French law is based on 2 ideas, palliative care, and cessation of useless care, particularly life sustaining cares, when they are useless, when the patient suffers and when his dignity is damaged.
I sum up as law is very complex.
The present system has defaults.
Palliative care units are lacking in numbers and staff members. The communication with the families is non existant in too many cases. (I have known a first hand exemple with my father-in-law last year).

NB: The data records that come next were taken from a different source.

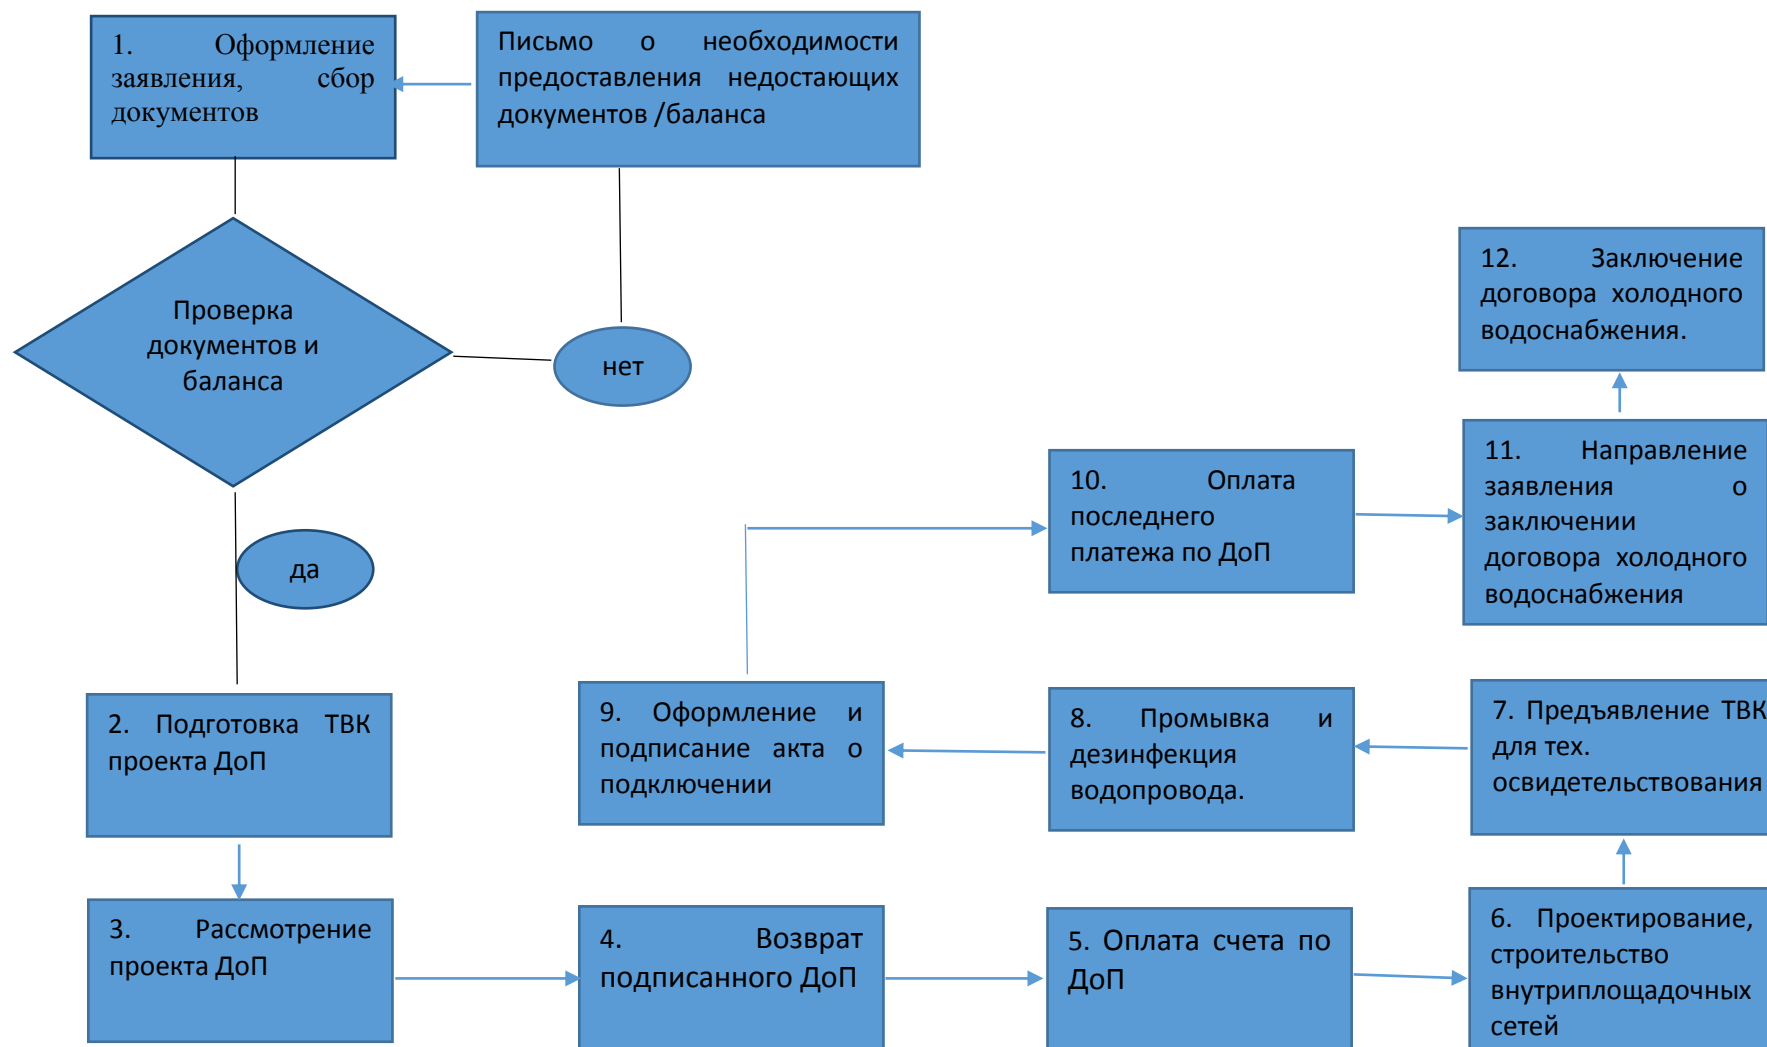

БЛОК – СХЕМА

Последовательность действий Клиента при осуществлении подключения к системе холодного водоснабжения

БЛОК – СХЕМА

Последовательность действий Клиента при осуществлении подключения к системе водоотведения.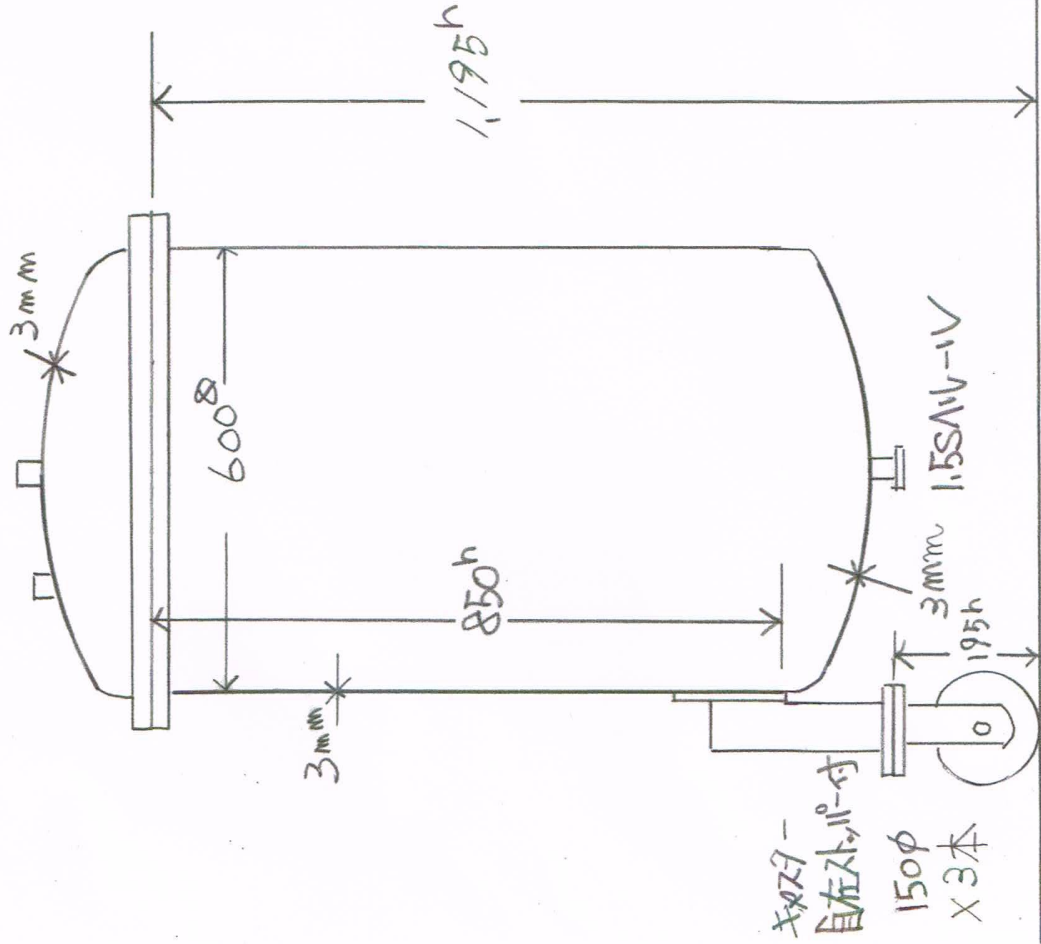

260L 加圧タンク ①

外径700φ
M16ディメンション-8本

$$600\phi \times 850h = 240L$$

$$600\phi \times 10\% \text{血鏡} = 21L$$

合計 261L

株式会社 日高商店
〒138-0061 東京都江戸川区藤崎町2丁目44番15号
TEL 03-3676-2323
FAX 03-3676-2325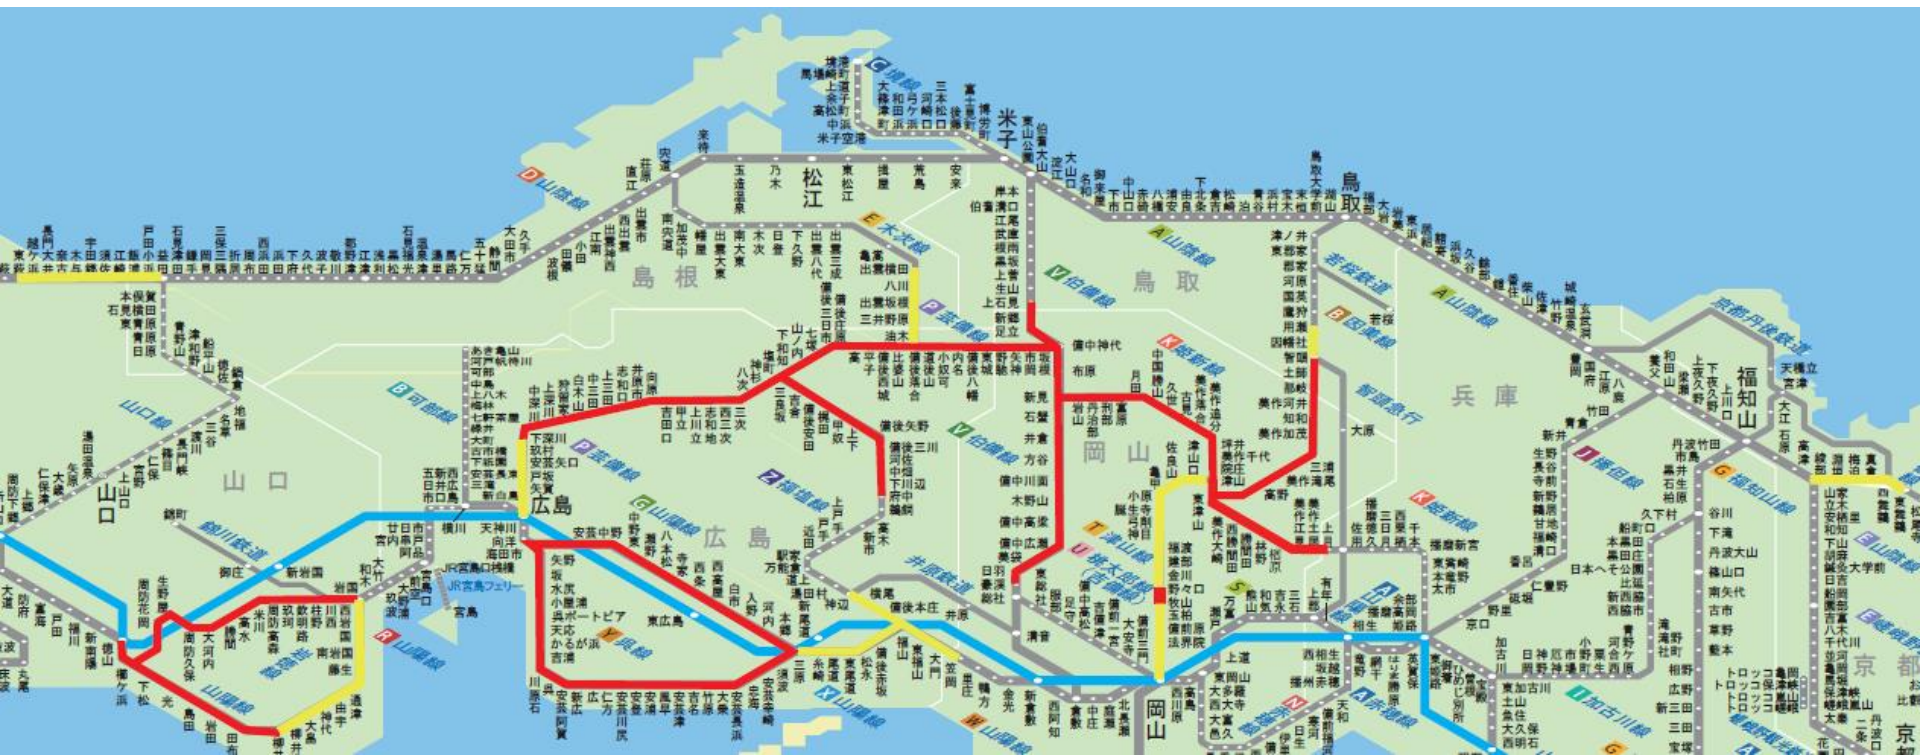

赤色・黄色の区間で運転を見合わせております。

- : 1ヶ月以上の長期の運転見合わせ区間
- : 1ヶ月以内に運転再開を見込む区間

ご利用の皆様方には多大なご迷惑をおかけしておりますこととお詫び申し上げます。一日も早い運転再開に向け、復旧の取り組みを続けておりますが、被害の状況により、運転再開まで相当の期間を要する区間があります。なお、復旧作業をしておりますので、線路内には立ち入らないよう、お願い申し上げます。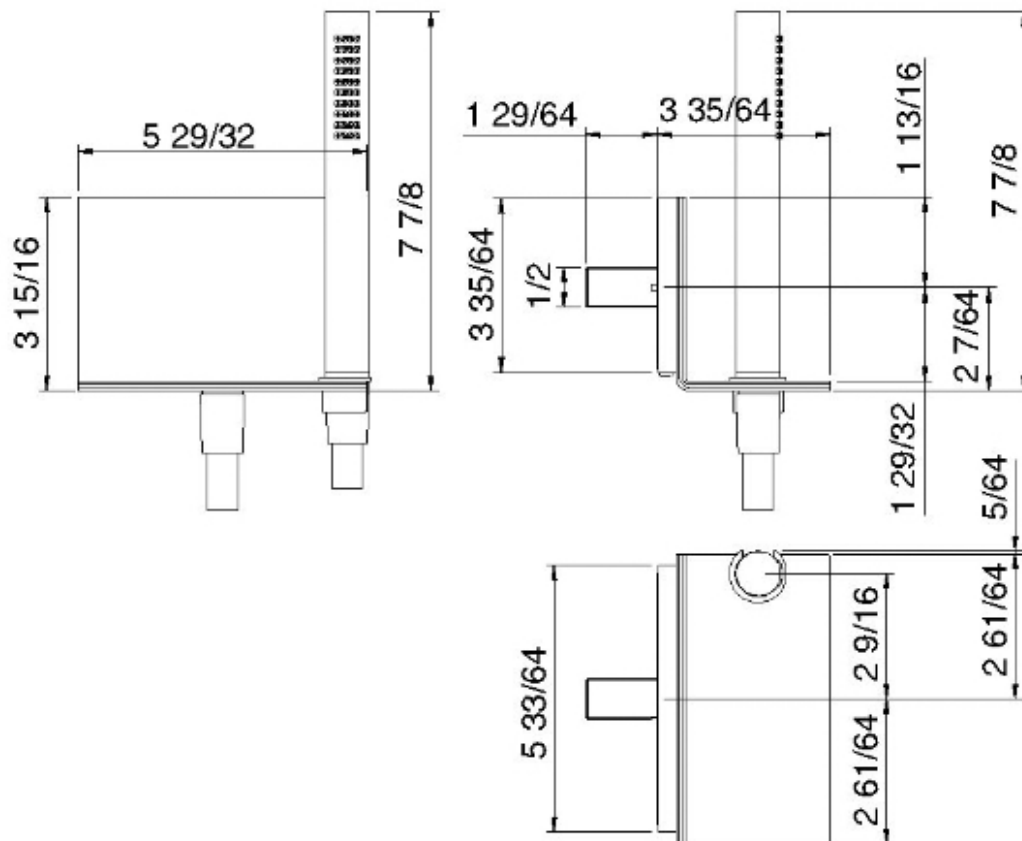

# 2847\_\_72

Sortie murale rectangulaire avec crochet,  
douchette ronde et boyau en PVC

FINISHES:

FROSTED INOX

RUBINETTERIE  
**treemme**  
*instruments for water*

The cessation of life sustaining cares supposes a decision and these decisions are sometimes contested in front of courts, never successfully, for religious reasons sometimes.
People who suffer from incurable diseases ask the right to die.
The debate is mainly for or against euthanasia, medically assisted death or suicide pills.
Personally, when feasible, suicide pill or medically assisted death if needed, are the best solution. and they are needed.
Are you asking if it’s a good idea?
Or are you curious about opinions?
My wife and I have made legal living wills, that stipulate extreme measures are not to be taken to keep me/us alive. I’m 67, still get around pretty, though I can certainly feel the diminishing like never before. These days four, five hours of moderately heavy (I no longer do “heavy”) physical work has me taking a nap.
When I get to the point I’m bed ridden and my mind no longer remembers and my lofty musings and desire get it written down as well as I can muster, fade into a sea of confusion, I’ll be ready to die and enter the sanctuary of eternal deep dark sleep.
I don’t want to keep hospital machines pumping some artificial life into me, when there are young accident victims who can be saved and brought back to health to continue their lives with those resources being squandered on my old and spent body - I want them to have the benefit diminishing resources. (I’ve even had this discussion with my daughters: I’ve lived my life, and beat some big odds, I’m content, heck amazed with my life, even within my frustration with so much around me, when I’m gone, it’s okay miss me, but don’t mourn me.)
My life has been all about activity, engaging with living and families and experiencing the range of emotions our sensual bodies possess.
I was not born to be a vegetable, if I become one, please, please, please, let my spirit go!
Not sure how it is in France, but there are very few places where you can go and just say you want to die and take something to make it happen.
It’s not that different from an abortion, it should be between you and your doctor. The problem with requiring a life threatening disease is that there are some really bad diseases that don’t have a “death date” that can be predicted. Compounding that, a disease like dementia takes away your ability to express any kind of logic and reason. Or, even if one day you feel like starting a program of starving yourself, you’ll probably forget it once you get hungry. So, people around you would have to take on the responsibility, and that gets into deep legal waters.
The best advice I know of currently is to record your wishes while you are of sound mind. Let as many people you know as possible, that you don’t want to live that way. There is no legal document that covers this.
Perhaps slightly overstated, though I agree with you and Morgan for the most part.
And yes, it’s important your family and significant others are aware of your wishes. My wife saw a nifty thing a few years ago and bought us each a organizational book: “I’m Dead, now what” where we’ve recorded important information and copies of important documents, to make things easier for those we leave behind.
This is a moral debate rather than a scientific debate. Euthanasia is rarely necessary as all of the diseases humans die from will eventually finish the job and it is not difficult for a person to create a living will, as Citzenschallenge noted. People are rarely kept alive beyond all hope.
The issue is really about the individual having control over when and how they die – e.g. avoiding suffering or humiliation – and if that is the right thing to do.
A missing element today is the ability to have conversation at all. The legal problems of letting a dementia patient starve are bad enough, and if there is no record of the person desiring such actions, it’s not possible to do it openly.
“End of life” is currently defined as having 6 months, maybe a year, to live, with physical pain. There are a lot ways to be alive that none of us would wish to be in, that don’t fit that.
The French constitutional court is going to judge a very interesting case.
A patient had written a living will, saying that in any case, he should be maintained artificially, whatever be is condition.
He has been victim of an accident and is maintained artificially, his brain being no functional.
Paragraph 3 of Article L. 1111-11 of the Public Health Code provides that advance directives are binding on doctors except when they “appear manifestly inappropriate or not in accordance with the medical situation”.
The family argues that this exception is unconstitutional.